Figure 4. Experience demanded in tech job postings, Q2 2022 vs Q2 2025. Source: Indeed Hiring Lab (2025); youth-employment figure from Stanford Digital Economy Lab (2025).

A slope chart: the red line (5+ years required) rises 37%→42%, the blue line (2–4 years) falls 46%→40%, and entry-level (0–1 year, grey) is flat. Employers increasingly require seniority.

5. So who is senior in 2035?

Seniors aren’t born, they’re grown, usually over six to eight years, out of juniors. The ones we have now were hired before the 2022 crash, so the shelves still look full. But follow the cohorts forward. How many people cross into “senior” in a given year depends on how many juniors got hired six years earlier. Freeze junior hiring now and the shortfall isn’t some distant risk; it’s already on the books for the 2030s.

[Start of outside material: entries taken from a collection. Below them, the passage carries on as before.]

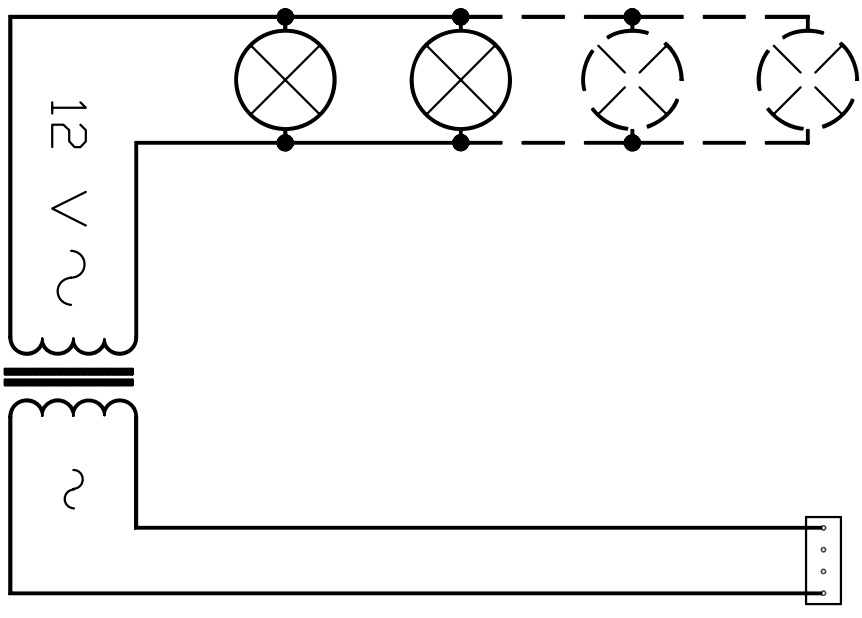

THERMEX

SPAREPART LIST VERTICAL 880

Position	Code	Thermex Code	Description
9	8087553	R520.43.1605.0	GREASE FILTER
166A	8080832	R520.43.1600.0	CIRCUIT BOARD EXTERN MOTOR
166B	8080848	R520.43.1601.0	CIRCUIT BOARD INTERN MOTOR
474	2300880	R520.43.1603.0	HALOGEN LAMPS
AQI	6103843	R520.43.1604.0	TOUCH PANEL
CAS	6002178	R520.43.1602.0	MOTOR
X			No Spareparts

COMANDO

THERMEX VERTICAL 880

CN4

CN2

CN1A/CN1B

CN1

G.V

Figure 5. Illustrative scenario model - not a forecast. The annual inflow of new senior developers is modelled as junior intake lagged six years; intake collapse anchored to Indeed (2026) and Stanford (2025) figures. Assumptions are stated in the code. Source: author’s model on cited data.

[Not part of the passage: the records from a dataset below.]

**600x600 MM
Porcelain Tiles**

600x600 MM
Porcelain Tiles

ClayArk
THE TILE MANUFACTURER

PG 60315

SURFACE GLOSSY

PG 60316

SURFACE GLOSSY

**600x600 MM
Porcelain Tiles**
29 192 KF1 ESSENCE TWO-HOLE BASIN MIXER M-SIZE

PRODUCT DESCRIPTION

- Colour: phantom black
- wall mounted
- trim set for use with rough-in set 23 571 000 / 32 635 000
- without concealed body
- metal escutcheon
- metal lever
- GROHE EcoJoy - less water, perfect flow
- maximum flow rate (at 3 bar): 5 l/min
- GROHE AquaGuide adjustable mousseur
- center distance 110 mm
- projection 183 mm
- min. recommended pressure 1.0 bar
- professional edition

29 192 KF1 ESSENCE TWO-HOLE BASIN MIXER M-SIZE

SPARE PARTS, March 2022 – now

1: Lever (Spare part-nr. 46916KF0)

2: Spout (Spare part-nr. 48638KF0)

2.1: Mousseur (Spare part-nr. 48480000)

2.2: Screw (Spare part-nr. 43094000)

A projection from 2024 to 2035. The “needed” line rises gently. Both scenarios sit at 100 until ~2028, then the “paused hiring” line (red) falls toward 55 while the “rehire now” line (blue) recovers toward 100 - the shaded red gap is the looming senior shortfall.

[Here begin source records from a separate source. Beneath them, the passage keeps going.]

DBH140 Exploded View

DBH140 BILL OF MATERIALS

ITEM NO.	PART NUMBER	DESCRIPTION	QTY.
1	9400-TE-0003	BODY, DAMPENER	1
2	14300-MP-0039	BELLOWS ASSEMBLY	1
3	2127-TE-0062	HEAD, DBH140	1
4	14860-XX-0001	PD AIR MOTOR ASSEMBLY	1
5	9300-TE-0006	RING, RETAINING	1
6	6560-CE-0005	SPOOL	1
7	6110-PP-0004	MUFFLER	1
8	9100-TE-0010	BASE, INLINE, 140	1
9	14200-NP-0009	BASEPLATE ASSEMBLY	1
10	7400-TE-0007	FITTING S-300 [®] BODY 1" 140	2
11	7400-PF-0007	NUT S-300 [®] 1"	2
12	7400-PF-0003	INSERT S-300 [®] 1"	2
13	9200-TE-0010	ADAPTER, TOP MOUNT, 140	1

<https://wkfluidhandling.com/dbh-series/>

The pitch in one line: AI didn’t fire the juniors, it stopped them getting hired in the first place. We’re eating our seed corn, and the bill arrives in the 2030s, when there’s nobody left who learned the craft the slow way. The fix is cheap and it’s available right now. The window isn’t.

Data & method

All five charts are built in R, with tidyverse and plotly. The job postings and AI-skill series come straight from Indeed Hiring Lab’s public repositories (CC BY 4.0) through prep_data.R; the survey and experience figures are typed in from the cited reports. Chart 5 is a clearly labelled scenario model, not a forecast, and its assumptions are right there in the code. The postings numbers are an index (February 2020 = 100), not raw counts, so you can compare countries but shouldn’t read absolute volumes into them. One honest caveat: the pandemic boom and bust hit every sector. What’s specific to developers is the failure to recover, and the rising experience bar, and both of those land after generative AI arrived.

Acknowledgements

I acknowledge the use of generative AI tool to help debug the R visualisation code. All data were independently verified against the original sources, all code was executed and checked by me, and the final analysis, design decisions and interpretation are my own. Data: Indeed Hiring Lab (CC BY 4.0). Brand colours follow The Conversation style guide.

References

Indeed Hiring Lab. (2026). Job postings tracker [Data set]. GitHub. https://github.com/hiring-lab/job_postings_tracker

Indeed Hiring Lab. (2026). AI-at-work tracker [Data set]. GitHub. https://github.com/hiring-lab/ai-tracker

Indeed Hiring Lab. (2025, July 30). Experience requirements have tightened amid the tech hiring freeze. https://www.hiringlab.org/2025/07/30/experience-requirements-have-tightened-amid-the-tech-hiring-freeze/

Stack Overflow. (2024). 2024 developer survey. https://survey.stackoverflow.co/2024/

Stack Overflow. (2025). 2025 developer survey. https://survey.stackoverflow.co/2025/

Stanford Digital Economy Lab. (2025). Canaries in the coal mine? Six facts about the recent employment effects of artificial intelligence. https://digitaleconomy.stanford.edu/

The Conversation. (2026). Style guide - brand colours [Course resource]. The Conversation Media Group.